Statistical analysis

To evaluate the normality of continuous variables, a normality test was executed. Continuous variables exhibiting a normal distribution were expressed as mean ± standard deviation, while those with a non-normal distribution were represented as median [interquartile range (IQR)]. Categorical data were presented as numbers (percent). Group comparisons for normally distributed continuous data employed Student's t-test, whereas the Kruskal–Wallis test was utilized for non-normally distributed data. Categorical data were compared using either χ2 or Fisher's exact test, facilitated by the tableone package in R 4.3.1. The risk score for each predictor was computed based on the beta (β) coefficient of the re-evaluated model (23). A two-tailed p-value of <0.05 indicated statistical significance in all analyses. The entire analysis was conducted using R software (V.4.3.1; https://www. R-project.org).

Result

Patient characteristics

Table 1 presents a comprehensive comparison of demographics and variables between deceased and surviving patients during hospitalization. The mean age of the cohort was 69.4 ± 13.0 years, with females constituting 33.2% (659 individuals). Deceased patients exhibited advanced age, a higher proportion of females, elevated heart rates and increased glucose levels in comparison to survivors. Furthermore, individuals who succumbed to their condition demonstrated a higher incidence of complications, including CHF and renal disease, while being less likely to undergo CABG and PCI in contrast to their surviving counterparts. Additionally, non-surviving patients exhibited lower lymphocyte counts and bicarbonate levels. Conversely, BUN, platelet count, WBC, MCV, neutrophil percentage, potassium levels and the proportion of vasoactive agent use were significantly higher among non-survivors. Factors such as SBP, MBP, temperature, SpO₂, calcium levels and the proportion of metoprolol use were lower in deceased patients. Notably, there was no statistically significant difference in hematocrit levels between the survival and non-survival groups.

Table 1

Table 1. Characteristics of participants.

Selected variables

Utilizing XGBoost and RDF algorithms, the set of 45 selected variables was employed to discern patients at risk of mortality within the derivation group. The relative importance of the top 15 variables utilized in the XGBoost model is depicted in Figure 2A, while Figure 2B illustrates the predictors chosen by RDF.

Figure 2

Figure 2. (A) XGBoost selected predictors.

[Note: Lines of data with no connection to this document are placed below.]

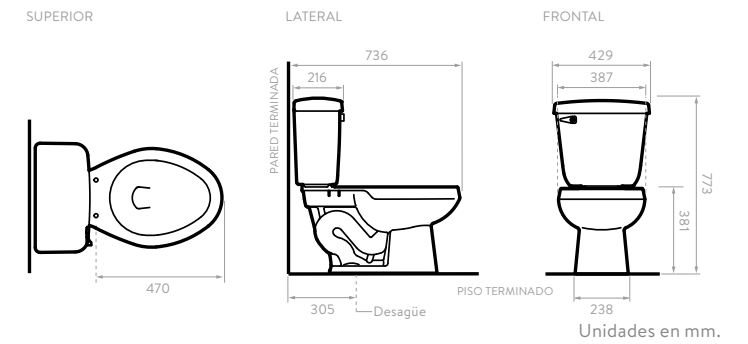

COLORES:

5869021		Blanco
5869031		Hueso

VIENNA PLUS ALARGADO SINGLE FLUSH

COLORES:

5865021		Blanco
5865031		Hueso

CARACTERÍSTICAS

CARACTERÍSTICAS

Taza alargada
 Dual Flush
 Altura ADA
 800 gr
 Capacidad de evacuación

BUN, blood urea nitrogen; SpO₂, pulse oximetry-derived oxygen saturation; WBC, white blood cell count; MBP, mean blood pressure. (B) Random Decision Forest selected predictors. BUN, blood urea nitrogen; WBC, white blood cell count; SpO₂, pulse oximetry-derived oxygen saturation; SBP, systolic blood pressure; MCV, mean corpuscular volume.

Model development

For the derivation group, Tables 2, 3 present the variables selected by XGBoost and RDF, respectively, that exhibited a significant association with 30-day mortality in the univariate analysis. Variables demonstrating statistical significance in the multivariate logistic analysis were incorporated for model construction. Both the XGBoost and RDF models, exhibiting similar predictive performances (Supplementary Material) and variable counts, identified the same six variables: age, BUN, heart rate, SpO₂, bicarbonate and metoprolol, as illustrated in Figure 3. Subsequently, a 30-day mortality prediction algorithm (PA) was formulated employing the selected variables as follows: log odds of mortality = 5.69633−2.03479 × Metoprolol−0.07936 × SpO₂ + 0.01442 ×  BUN + 0.02831 × Age—0.10985 × Bicarbonate + 0.01688 × Heart rate.

Table 2

Table 2. Univariate and multivariate logistic regression analysis variables screened by extreme gradient boosting in the derivation group.

Table 3

Table 3. Univariate and multivariate logistic regression analysis variables screened by random decision forest in the derivation group.

Figure 3

Figure 3. Overlapping variables of the XGBoost-based and RDF-based model were obtained in veen analysis. BUN, blood urea nitrogen; SpO₂, pulse oximetry-derived oxygen saturation; WBC, white blood cell count; MCV, mean corpuscular volume.

Model building

Given the comparable predictive performance and the identical number of variables in both the XGBoost and RDF models, the final predictive model was constructed using the same set of six variables. This model is visually represented by the nomogram in Figure 4.

Figure 4

Figure 4. Developed nomogram for the risk of 30-day mortality. BUN, blood urea nitrogen; SpO₂, pulse oximetry-derived oxygen saturation.

Model comparison

The predictive efficacy of the nomogram and SOFA score models was evaluated by comparing the ROC curves of the two models (Figure 5). The calculated area under the ROC curve values for the nomogram and the SOFA score model were 0.835 (95%CI 0.774–0.897) and 0.735 (95%CI: 0.662–0.809) in the validation group, respectively. Figure 6 illustrates the calibration of both models in the derivation and validation groups, indicating robust concordance performance in both cohorts. The DCA for the nomogram and SOFA score is presented in Figure 7. Both models demonstrated a higher net benefit than either the “treat all” or “treat none” strategy, with the nomogram consistently improving the net benefit for predicting 30-day mortality compared to the SOFA score. The predictive performance of the nomogram was significantly superior to that of the SOFA risk score (p < 0.05), as summarized in Table 4.

Figure 5

Figure 5. The discrimination performance of the nomogram and SOFA score in the validation group. ROC, receiver operating characteristic; AUC, area under the curve; SOFA, sequential organ failure assessment.

Figure 6

Figure 6. The calibration performance of the nomogram and SOFA score in the derivation and validation group. SOFA, sequential organ failure assessment.

Figure 7

Figure 7. Decision curve analysis for the nomogram and SOFA score in the validation group. SOFA, sequential organ failure assessment.

Table 4

Table 4. Pairwise comparison of prediction effectiveness for the nomogram and SOFA score.

Discussion

By leveraging data extracted from the MIMIC-IV database, we applied ML techniques, specifically XGBoost and RDF algorithms, to discern independent risk factors among critically ill patients with MI. Additionally, we pioneered the development of a 30-day mortality prediction model, aiming to offer valuable insights for clinical decision-making in advanced management strategies.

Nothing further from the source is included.